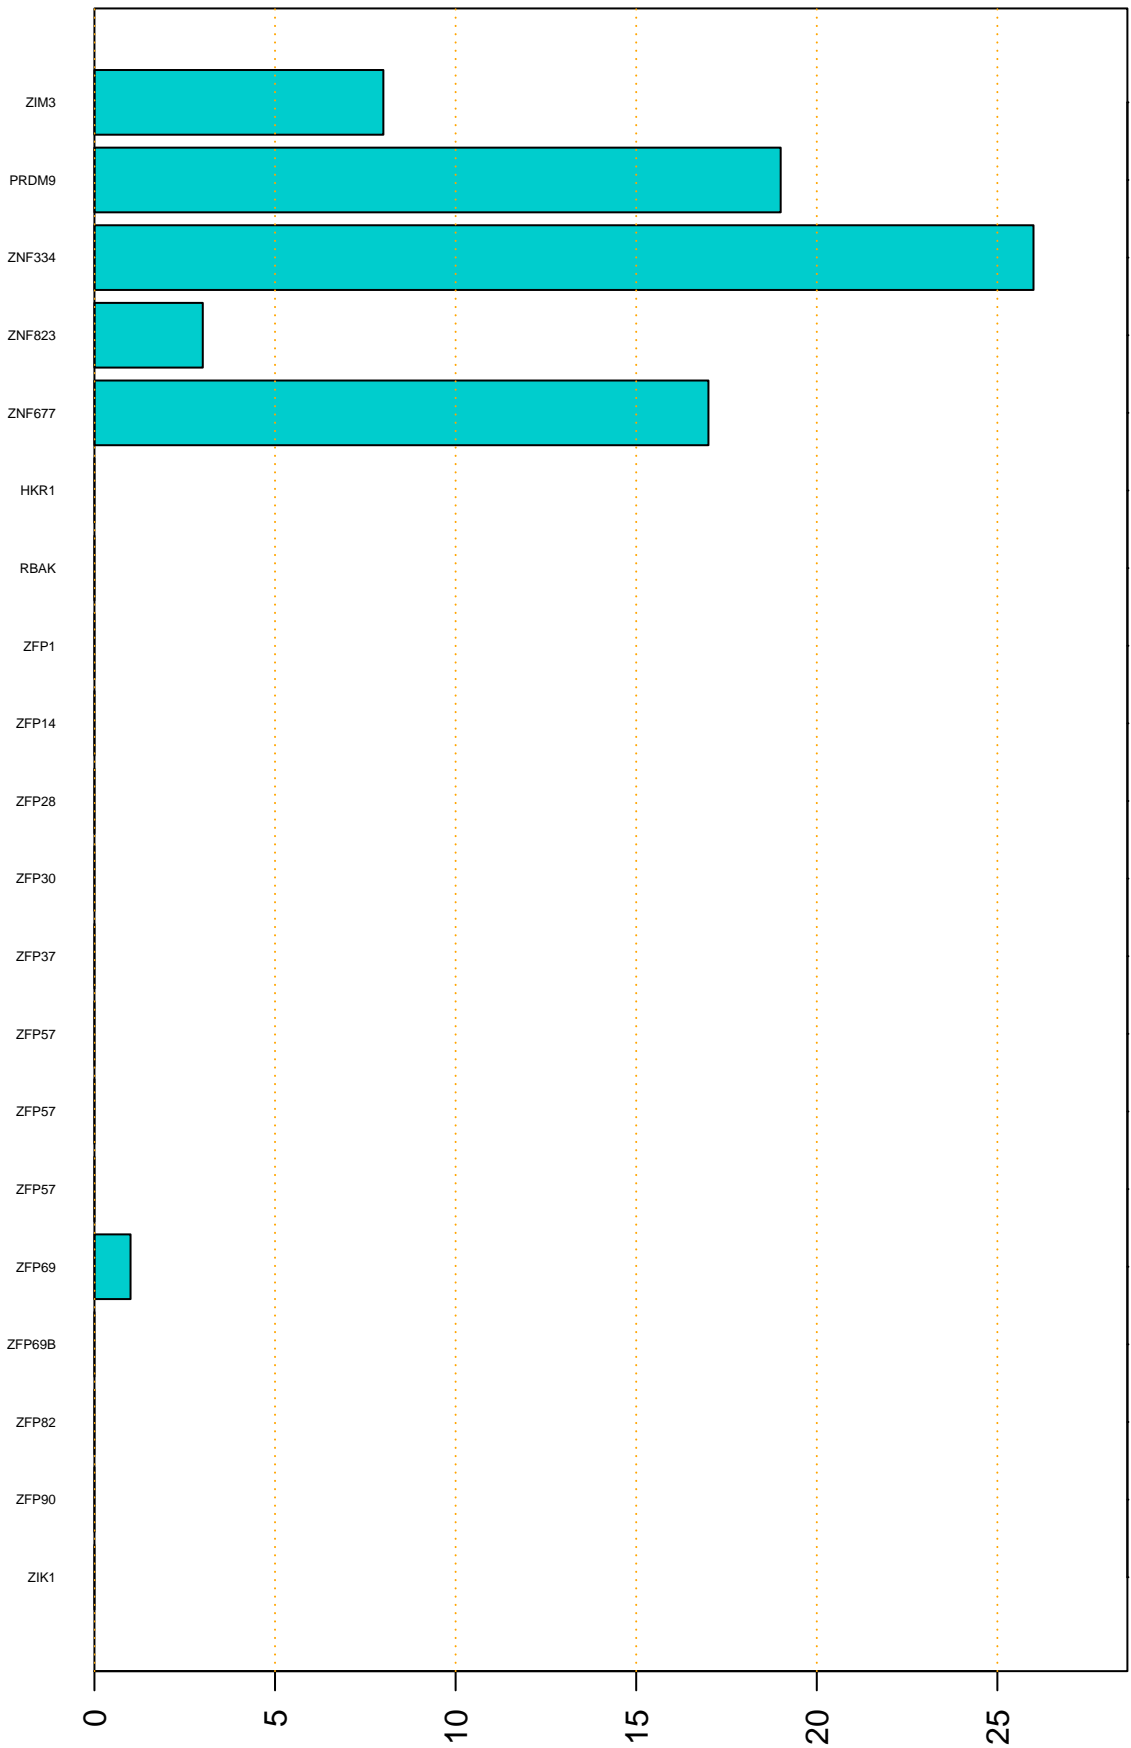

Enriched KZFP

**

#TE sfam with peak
+-------+
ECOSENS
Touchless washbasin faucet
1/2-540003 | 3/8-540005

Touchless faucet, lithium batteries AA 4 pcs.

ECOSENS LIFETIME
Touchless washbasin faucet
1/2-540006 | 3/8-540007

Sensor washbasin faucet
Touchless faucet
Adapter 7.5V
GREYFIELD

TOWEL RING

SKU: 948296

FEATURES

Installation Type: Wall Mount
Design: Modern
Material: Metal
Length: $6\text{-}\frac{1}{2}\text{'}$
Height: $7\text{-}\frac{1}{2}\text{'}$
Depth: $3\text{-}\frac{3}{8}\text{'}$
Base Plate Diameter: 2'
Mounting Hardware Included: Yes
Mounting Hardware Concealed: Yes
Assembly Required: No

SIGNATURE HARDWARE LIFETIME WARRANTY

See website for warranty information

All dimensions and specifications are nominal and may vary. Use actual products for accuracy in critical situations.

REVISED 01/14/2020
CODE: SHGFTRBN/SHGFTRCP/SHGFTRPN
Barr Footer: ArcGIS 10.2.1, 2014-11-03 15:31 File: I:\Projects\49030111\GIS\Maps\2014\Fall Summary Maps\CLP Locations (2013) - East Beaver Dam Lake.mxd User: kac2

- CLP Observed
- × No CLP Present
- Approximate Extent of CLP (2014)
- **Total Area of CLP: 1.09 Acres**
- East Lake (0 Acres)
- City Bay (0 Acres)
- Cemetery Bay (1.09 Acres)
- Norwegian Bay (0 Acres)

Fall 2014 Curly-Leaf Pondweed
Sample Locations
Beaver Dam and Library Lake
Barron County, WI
+-------+
WORK ORDER :: When a line in the material includes the word "frac", copy it out.

EXERCISE SOLUTION ::
Length: $6\text{-}\frac{1}{2}\text{'}$
Height: $7\text{-}\frac{1}{2}\text{'}$
Depth: $3\text{-}\frac{3}{8}\text{'}$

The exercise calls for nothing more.